Europe, T&D Infrastructure, Wind

Lightning strike and technical fault caused UK blackouts

According to reports, the UK’s recent power outage was caused by a lightning strike and the almost simultaneous shut down of a wind farm.

The blackout that affected more than one million people resulted from lightning striking close to Little Barford gas fired power plant in Bedfordshire, England, which triggered a shut down shortly before 5pm last Friday.

A short while later, a shutdown occurred at the Hornsea One wind farm off the coast of Yorkshire. This result was a 5 per cent drop in power across the national grid. This in turn triggered power to trip at several other smaller plants, a built-in safety feature designed to protect the larger grid should the frequency drop below 50hz.

Orsted, the owner of Hornsea wind farm stated: “During a rare and unusual set of circumstances affecting the grid, Hornsea One experienced a technical fault which meant the power station rapidly de-loaded – that is it stopped producing electricity. 

“Normally the grid would be able to cope with a loss of this volume (0.8 GW). If National Grid had any concerns about the operation of Hornsea One we would not be allowed to generate. The relevant part of the system has been reconfigured and we are fully confident should this extremely rare situation arise again, Hornsea One would respond as required.” 

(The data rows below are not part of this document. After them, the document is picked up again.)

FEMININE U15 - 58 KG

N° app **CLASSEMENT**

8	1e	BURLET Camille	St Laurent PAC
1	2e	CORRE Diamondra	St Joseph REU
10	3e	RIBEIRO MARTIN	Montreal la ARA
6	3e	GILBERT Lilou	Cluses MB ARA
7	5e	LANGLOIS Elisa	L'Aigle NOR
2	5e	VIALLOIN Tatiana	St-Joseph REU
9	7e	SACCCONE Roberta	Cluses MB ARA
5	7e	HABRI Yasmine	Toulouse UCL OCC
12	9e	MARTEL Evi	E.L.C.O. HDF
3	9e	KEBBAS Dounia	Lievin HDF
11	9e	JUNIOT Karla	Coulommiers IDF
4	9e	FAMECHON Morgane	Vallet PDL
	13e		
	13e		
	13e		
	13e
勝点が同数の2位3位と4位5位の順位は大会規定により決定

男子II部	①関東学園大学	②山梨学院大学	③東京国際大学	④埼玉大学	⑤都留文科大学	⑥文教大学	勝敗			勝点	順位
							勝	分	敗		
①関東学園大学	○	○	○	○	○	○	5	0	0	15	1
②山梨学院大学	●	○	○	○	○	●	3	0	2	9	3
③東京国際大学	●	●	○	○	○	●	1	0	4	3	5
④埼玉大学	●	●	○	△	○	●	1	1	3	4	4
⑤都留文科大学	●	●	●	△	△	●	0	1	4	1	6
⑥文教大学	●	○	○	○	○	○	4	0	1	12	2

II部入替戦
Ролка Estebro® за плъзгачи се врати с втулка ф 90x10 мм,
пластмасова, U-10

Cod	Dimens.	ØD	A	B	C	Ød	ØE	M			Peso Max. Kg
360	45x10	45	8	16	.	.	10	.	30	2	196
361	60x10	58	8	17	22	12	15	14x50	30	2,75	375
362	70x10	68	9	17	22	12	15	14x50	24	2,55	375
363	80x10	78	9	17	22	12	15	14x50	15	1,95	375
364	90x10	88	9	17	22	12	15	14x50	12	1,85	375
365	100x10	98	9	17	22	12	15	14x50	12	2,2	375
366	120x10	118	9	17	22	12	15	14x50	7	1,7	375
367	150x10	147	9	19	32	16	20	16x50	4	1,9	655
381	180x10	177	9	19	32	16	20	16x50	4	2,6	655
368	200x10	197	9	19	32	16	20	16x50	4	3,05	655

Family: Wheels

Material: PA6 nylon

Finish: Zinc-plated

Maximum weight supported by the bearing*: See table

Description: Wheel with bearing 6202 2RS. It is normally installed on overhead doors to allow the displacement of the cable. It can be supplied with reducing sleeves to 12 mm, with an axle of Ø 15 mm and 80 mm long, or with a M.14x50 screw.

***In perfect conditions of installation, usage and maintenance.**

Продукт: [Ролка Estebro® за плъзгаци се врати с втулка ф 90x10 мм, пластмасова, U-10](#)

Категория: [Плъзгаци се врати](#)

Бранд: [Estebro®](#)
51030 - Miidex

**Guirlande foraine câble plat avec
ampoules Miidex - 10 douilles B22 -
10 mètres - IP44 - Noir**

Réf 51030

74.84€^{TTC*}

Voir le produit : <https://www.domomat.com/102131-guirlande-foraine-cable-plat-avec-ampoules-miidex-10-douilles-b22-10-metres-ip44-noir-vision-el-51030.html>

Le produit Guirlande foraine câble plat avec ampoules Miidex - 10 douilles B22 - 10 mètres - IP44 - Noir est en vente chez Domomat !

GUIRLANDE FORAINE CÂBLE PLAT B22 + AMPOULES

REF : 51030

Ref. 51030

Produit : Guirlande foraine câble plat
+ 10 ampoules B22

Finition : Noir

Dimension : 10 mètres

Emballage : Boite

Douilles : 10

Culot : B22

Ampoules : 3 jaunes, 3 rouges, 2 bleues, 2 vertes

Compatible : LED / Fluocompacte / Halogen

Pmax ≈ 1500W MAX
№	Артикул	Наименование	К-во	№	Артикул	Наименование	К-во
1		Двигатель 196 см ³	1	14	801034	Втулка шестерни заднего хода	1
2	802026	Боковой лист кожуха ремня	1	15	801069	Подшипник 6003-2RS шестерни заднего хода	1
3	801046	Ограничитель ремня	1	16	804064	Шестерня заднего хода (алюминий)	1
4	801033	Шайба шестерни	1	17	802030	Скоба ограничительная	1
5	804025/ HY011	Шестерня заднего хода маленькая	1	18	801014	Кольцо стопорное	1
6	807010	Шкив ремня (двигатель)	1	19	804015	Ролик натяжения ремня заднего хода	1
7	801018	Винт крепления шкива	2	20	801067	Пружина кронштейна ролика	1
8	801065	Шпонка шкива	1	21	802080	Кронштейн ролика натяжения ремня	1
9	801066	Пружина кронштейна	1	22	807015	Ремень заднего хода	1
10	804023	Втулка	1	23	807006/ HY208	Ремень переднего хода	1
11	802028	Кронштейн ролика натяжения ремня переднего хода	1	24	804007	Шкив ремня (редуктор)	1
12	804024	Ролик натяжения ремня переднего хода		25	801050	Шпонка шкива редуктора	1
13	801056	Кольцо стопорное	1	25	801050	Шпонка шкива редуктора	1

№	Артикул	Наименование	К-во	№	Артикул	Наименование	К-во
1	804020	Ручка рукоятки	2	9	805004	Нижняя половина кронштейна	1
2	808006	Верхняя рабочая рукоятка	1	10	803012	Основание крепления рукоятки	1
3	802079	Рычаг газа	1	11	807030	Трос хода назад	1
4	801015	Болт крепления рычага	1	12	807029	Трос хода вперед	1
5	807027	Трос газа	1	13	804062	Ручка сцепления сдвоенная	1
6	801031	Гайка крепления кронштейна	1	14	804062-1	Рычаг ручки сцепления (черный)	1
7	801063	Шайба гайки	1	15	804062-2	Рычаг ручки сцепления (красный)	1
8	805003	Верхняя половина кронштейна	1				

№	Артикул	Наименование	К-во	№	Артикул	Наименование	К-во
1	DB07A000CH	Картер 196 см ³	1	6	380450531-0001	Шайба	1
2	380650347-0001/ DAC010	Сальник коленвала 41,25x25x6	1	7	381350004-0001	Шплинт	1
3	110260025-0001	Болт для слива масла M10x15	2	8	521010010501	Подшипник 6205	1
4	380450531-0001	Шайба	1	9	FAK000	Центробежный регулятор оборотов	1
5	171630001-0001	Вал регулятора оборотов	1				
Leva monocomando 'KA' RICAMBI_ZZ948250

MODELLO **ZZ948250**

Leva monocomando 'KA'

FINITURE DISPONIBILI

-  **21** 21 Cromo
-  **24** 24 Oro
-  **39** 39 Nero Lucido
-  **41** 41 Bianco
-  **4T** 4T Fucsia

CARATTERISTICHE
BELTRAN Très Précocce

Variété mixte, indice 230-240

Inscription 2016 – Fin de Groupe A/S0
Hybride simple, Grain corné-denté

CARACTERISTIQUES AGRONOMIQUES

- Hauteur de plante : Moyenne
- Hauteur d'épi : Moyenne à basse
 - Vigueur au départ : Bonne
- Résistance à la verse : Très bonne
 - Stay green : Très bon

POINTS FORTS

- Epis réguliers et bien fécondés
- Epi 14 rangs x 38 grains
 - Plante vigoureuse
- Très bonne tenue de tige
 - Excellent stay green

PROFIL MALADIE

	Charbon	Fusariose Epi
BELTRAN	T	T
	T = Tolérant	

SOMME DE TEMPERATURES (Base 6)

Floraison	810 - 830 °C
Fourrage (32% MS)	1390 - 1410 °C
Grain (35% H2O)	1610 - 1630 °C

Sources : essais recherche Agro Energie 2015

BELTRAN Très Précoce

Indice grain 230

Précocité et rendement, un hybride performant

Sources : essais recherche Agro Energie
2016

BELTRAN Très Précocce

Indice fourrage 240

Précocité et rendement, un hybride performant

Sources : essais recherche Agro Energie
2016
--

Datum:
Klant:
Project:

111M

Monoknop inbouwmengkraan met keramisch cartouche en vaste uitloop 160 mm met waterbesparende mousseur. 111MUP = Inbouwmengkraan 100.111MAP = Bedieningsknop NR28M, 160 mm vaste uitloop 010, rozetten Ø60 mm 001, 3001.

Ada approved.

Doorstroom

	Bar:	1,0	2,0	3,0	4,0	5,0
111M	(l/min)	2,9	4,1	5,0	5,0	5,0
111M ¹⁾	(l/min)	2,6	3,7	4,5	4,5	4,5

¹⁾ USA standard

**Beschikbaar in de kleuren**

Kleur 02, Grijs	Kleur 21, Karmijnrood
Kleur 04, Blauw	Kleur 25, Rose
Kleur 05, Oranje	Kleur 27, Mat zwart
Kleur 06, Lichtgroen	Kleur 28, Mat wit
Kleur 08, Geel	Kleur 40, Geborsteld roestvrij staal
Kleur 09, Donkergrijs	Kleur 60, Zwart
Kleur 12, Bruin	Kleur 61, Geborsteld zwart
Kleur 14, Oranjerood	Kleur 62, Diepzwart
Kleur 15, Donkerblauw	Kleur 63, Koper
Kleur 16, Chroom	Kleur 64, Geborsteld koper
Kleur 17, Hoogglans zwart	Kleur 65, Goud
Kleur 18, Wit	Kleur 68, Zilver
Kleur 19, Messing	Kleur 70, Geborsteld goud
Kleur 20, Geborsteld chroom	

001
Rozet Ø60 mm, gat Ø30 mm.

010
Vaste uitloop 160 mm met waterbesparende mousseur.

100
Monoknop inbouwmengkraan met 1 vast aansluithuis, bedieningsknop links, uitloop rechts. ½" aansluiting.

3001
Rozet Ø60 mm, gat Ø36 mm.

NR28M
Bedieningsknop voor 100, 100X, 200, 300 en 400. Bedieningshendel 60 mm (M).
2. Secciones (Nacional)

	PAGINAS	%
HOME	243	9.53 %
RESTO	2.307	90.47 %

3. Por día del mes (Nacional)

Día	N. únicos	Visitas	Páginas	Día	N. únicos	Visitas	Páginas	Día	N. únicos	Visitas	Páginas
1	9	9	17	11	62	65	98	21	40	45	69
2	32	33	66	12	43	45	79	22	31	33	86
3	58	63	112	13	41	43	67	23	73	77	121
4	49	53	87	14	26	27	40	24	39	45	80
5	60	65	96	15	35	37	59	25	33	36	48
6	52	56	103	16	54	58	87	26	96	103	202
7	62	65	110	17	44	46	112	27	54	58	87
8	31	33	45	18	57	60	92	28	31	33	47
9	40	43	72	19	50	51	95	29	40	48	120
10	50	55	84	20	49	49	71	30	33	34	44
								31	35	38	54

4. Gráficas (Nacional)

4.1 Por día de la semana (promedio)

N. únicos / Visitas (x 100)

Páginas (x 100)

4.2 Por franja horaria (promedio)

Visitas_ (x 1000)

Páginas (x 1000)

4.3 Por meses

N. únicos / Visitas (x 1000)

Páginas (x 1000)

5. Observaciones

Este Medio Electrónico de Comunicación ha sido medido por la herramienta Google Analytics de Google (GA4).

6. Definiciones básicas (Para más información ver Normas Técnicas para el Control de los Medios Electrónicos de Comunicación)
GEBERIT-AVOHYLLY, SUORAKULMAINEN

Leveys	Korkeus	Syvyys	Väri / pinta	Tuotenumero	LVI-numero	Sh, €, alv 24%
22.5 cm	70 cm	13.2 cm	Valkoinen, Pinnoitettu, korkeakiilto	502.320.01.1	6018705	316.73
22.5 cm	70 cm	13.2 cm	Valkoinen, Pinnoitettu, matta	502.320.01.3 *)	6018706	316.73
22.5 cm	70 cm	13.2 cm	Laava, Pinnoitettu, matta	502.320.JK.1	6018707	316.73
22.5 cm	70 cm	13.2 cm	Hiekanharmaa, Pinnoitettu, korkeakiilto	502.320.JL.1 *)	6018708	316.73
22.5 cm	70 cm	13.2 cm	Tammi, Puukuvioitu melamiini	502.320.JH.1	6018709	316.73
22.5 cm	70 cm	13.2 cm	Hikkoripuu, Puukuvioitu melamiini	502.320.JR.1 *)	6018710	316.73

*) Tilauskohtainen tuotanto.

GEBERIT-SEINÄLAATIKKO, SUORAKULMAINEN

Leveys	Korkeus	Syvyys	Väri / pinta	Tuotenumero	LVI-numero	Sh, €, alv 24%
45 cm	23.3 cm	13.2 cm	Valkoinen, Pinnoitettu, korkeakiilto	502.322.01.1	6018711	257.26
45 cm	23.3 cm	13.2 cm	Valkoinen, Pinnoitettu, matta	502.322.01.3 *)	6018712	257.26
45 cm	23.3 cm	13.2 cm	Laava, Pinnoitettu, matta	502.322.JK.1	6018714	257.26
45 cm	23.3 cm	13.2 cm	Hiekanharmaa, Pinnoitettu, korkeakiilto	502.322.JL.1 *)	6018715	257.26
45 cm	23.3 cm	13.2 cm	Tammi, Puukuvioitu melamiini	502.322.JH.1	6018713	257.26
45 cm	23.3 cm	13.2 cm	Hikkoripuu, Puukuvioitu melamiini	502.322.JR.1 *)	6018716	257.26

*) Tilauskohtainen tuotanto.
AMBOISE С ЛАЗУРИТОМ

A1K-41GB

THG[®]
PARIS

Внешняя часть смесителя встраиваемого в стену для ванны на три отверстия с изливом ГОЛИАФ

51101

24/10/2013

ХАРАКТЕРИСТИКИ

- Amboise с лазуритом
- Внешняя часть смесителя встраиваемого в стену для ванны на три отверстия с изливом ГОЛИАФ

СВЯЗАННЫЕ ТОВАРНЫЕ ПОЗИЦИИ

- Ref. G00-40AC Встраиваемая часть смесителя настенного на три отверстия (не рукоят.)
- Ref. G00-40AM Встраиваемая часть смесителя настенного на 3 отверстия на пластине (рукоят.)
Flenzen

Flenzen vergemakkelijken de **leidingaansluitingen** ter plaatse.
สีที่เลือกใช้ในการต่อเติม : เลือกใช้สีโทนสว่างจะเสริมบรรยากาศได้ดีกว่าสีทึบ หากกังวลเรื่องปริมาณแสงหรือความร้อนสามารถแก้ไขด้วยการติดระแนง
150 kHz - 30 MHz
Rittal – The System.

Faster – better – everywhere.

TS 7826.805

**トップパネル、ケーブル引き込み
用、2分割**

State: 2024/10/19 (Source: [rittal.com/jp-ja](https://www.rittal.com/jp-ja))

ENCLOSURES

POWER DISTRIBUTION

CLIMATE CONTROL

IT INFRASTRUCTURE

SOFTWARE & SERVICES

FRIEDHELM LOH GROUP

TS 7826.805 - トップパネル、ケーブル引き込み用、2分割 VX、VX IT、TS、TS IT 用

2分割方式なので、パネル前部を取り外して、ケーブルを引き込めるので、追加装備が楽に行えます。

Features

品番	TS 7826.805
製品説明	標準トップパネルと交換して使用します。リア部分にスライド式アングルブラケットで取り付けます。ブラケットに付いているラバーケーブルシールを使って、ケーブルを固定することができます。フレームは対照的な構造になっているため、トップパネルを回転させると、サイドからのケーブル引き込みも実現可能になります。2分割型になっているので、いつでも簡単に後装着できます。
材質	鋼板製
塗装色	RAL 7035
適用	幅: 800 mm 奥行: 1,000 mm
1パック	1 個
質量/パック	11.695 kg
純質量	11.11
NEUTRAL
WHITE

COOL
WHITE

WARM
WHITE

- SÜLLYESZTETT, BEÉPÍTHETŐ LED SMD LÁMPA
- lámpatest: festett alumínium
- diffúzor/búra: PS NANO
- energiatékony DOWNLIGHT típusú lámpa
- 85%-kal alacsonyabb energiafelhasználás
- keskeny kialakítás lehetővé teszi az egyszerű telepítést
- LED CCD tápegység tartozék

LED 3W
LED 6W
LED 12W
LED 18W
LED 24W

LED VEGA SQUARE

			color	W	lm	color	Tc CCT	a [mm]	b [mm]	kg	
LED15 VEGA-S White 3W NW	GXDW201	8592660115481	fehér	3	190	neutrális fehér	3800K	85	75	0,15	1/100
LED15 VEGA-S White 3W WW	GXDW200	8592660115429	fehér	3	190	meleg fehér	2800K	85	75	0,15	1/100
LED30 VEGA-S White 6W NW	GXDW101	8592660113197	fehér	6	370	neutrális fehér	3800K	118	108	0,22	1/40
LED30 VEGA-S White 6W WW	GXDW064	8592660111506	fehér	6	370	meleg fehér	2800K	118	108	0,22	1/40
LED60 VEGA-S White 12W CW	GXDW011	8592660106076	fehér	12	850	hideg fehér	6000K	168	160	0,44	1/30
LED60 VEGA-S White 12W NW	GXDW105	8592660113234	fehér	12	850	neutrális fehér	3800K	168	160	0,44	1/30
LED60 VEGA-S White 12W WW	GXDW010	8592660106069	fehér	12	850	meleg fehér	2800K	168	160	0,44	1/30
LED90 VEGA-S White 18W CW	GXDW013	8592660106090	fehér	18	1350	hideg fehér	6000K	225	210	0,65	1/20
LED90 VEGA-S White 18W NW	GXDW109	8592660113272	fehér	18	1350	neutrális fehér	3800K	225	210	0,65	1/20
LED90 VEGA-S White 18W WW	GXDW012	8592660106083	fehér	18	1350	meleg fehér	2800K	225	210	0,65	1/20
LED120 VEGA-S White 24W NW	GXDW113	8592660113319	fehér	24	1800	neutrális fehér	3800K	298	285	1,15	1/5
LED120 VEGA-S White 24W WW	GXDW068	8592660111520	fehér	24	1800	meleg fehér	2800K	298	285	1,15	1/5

Power supplies were restored by 5.40pm but rail services suffered disruption for almost 24 hours. 

Duncan Burt of National Grid said: “What happened then is our normal automatic response mechanisms came in to help manage the event, but the loss of power was so significant that it fell back to a set of secondary back-up systems which resulted in a proportion of electrical demand across the country being disconnected for a short period to help keep the rest of the system safe.

“That sequence of events is entirely automatic, we think that worked well, we think the safety protection systems across the industry on generators and on the network work well to secure and keep the grid safe”.

A National Grid ESO spokesperson said: “Contrary to media reports there have been no near misses nor early warning signs of incidents similar to last Friday’s power cuts. This was a highly unusual event, without precedent in the past ten years. We work with Ofgem to set the agreed limits of frequency of electricity output to keep the whole system safe and the lights on.

“All the time until Friday’s events, the system has remained within safe limits. We are conducting a thorough internal investigation and will report our interim findings in detail to Ofgem by the end of this week. We can and must learn lessons from Friday’s events – however rare their occurrence – as National Grid and as an energy industry.”

Ofgem will submit a final, detailed technical report by Friday 6 September.